Suppose that $x \in \mathbb{R}^{n}$ is a vector of small positive fractions, *i.e.* $x_{i} \approx \frac{1}{n}$. The exact values are unknown. I form the matrix $M=diag(x)-\frac{xx^{T}}{2}$ which is a **Stieltjes** matrix and is **diagonally dominant** (at least in the cases of interest).

Now what I am interested in are the sums of the entries of small rectangular submatrices of $M$. These sums turn out to be very small in absolute value in practice, however my efforts to estimate them yield bounds that are too crude. This makes me suspect that some phenomenon is at work under the hood, about which I do not know, and I am hoping that somebody can point out a direction in which to look. (Does this situation/property has a name?)

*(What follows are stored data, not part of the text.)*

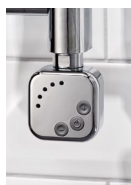

LUSSO ELPATRON

Elpatron till Alternas kombitorkar.
För dolt montage eller med stickkontakt. Fast installation ska ske av behörig elektriker.
Enkel att använda. Mikroprocessor. IP54. Vridbar 330°.
Med antifrysfunction, digital styrning, 2 timmars timerfunktion och 4 temperatursteg, 30–60 °C. 230 V, 300 W.

Det är viktigt att du stänger reglerventilen när elpatronen ska användas till den vattenfyllda kombitorken. Annars värmer patronen upp bostadens hela värmesystem.

Alla tillbehör till Alternas handdukstorkar hittar du på alternabadrum.se.

Lusso elpatron	Krom	Pris
För dolt montage	8716508	2 199 kr
Med stickkontakt	8716505	2 199 kr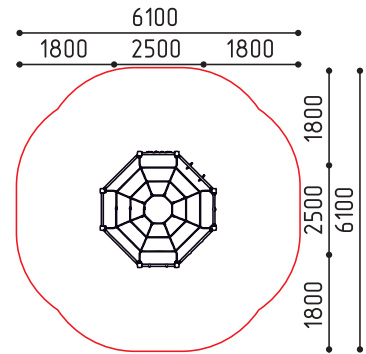

размеры в мм

4-277
3300x1700x2000
(ДШВ в мм)

7-12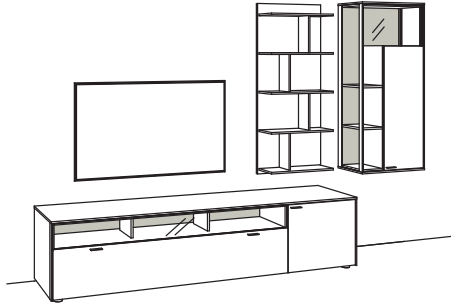

Korpus + Front: (5. + 6. Stelle) **Aluleiste:** (7. + 8. Stelle)
36 - Lack schiefergrau matt **11**- kristallweiß matt/**16**- schiefergrau matt/ **17**- metallfarbig matt
37 - Lack kristallweiß matt **11**- kristallweiß matt/**16**- schiefergrau matt/ **17**- metallfarbig matt

9. Stelle der Bestell-Nr.:
L=abgebildete Wand
R=spiegelseitige Wand

Untergestell optional:
-11.. Metall kristallweiß matt/**-18..** Metall anthrazit matt/**-03..** Eiche rustico hell geölt/**-72..** Wildeiche hell soft gebürstet geölt

Kombination SI07-....L/R

R= spiegelseitig zur Abbildung (preisgleich)

B 323 cm
H 207 cm
T 53/33/24 cm

Kombination bestehend aus:

1x Lowboard sentino 3000	5236-...R
1x Paneel sentino 3000	5315-..00
1x Hängetype sentino 3000	5248-...R

RÜCKWAND-PAKET:

PG A	RA07-..00	inbegriffen
PG B	RB07-..00	
PG C	RC07-..00	

Paket bestehend aus:

1x Rückwand, Lowboard	0421-..03
1x Rückwand, Hängetype	0428-..01

BELEUCHTUNGS-PAKET:

Komplette Beleuchtung inkl. Trafo, Verlängerung u. Funkdimmer **SP07-0000**

BELEUCHTUNG für Einzelbestellungen:

7x 1er Set LED-Beleuchtung, Lowboard/Hängetype à	5340-0001
1x 8er Set LED-Beleuchtung, Paneel	5340-0008
1x Ambiente Beleuchtung, Lowboard	5341-0008
2x Trafo à	5345-0000
2x Extra Verlängerung à	5346-0000
1x Funkdimmer-Set	0094-0041

Zusatzausstattung, wahlweise:

1x Untergestell, Lowboard	5321-..06
1x Untergestellbeleuchtung, Lowboard	5344-0006
1x Kabeldurchlass, Lowboard	5320-0000
1x Kabelblende + TV-Wandhalterung	0098-..41 s. S. 26
1x Infrarot-Repeater	0089-0041

Paneele sind immer in der Farbe des Korpus.

Bitte die 5. + 6. Stelle der Bestell-Nummer für die Rückwände bzw. Rückwand-Pakete ergänzen:

1. **PG A:**
   - 36 Lack schiefergrau matt
   - 37 Lack kristallweiß matt
2. **PG B:**
   - 03 Eiche rustico hell geölt
   - 72 Wildeiche hell soft gebürstet geölt
3. **PG C:**
   - 92 Fjord Fichte grau

More formally, take a set of $d$ rows and $d$ columns and look at the $d \times d$ submatrix of $M$ that they induce. Call this submatrix $M_{0}$. My reasoning goes like this: at the worst case, each row of $M_{0}$ contains at most one diagonal entry of $M$. The rest of the entries in the row push it down but we do not know by how much exactly. Rows of $M_{0}$ that do not contain a diagonal entry of $M$ sum to at most the value of the diagonal entry. Therefore the best bound I come up with is $dC$, where $C=max_{1 \leq i \leq n}\{x_{i}\}$.

As I said, in practice this bound is off by an order of magnitude and I would very much like to improve it. But how?

Does this sound like a problem of extremal combinatorics type perhaps? Any other places to look for apppropriate tools?